[Opening Provided information section]

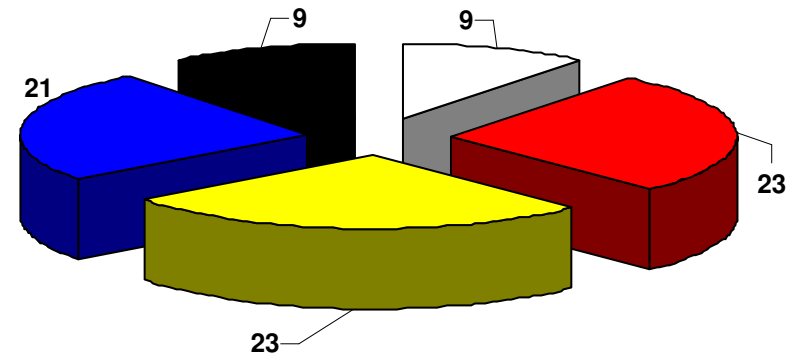

Einsatzstatistik 2007 - 2010

2007: 153 Einsätze 2009: 188 Einsätze
2008: 164 Einsätze 2010: 167 Einsätze

Personenverteilung

- LZ1
- LZ2
- LZ2 Tag
- LZ3
- Springer

Altersübersicht aktive Wehr

- 18 - 25 Jahre
- 26 - 35 Jahre
- 36 - 45 Jahre
- 46 - 55 Jahre
- 56 - 65 Jahre
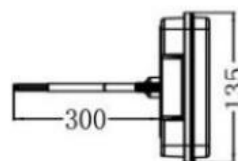

5302xx

5301xx

GAMME LEDs' INNO®
SYSTÈME MODULAIRE ET
ÉVOLUTIF BREVETÉ

[Closing Provided information section]

Pick each line holding the word "Jahre" out of the listing.

- 18 - 25 Jahre
- 26 - 35 Jahre
- 36 - 45 Jahre
- 46 - 55 Jahre
- 56 - 65 Jahre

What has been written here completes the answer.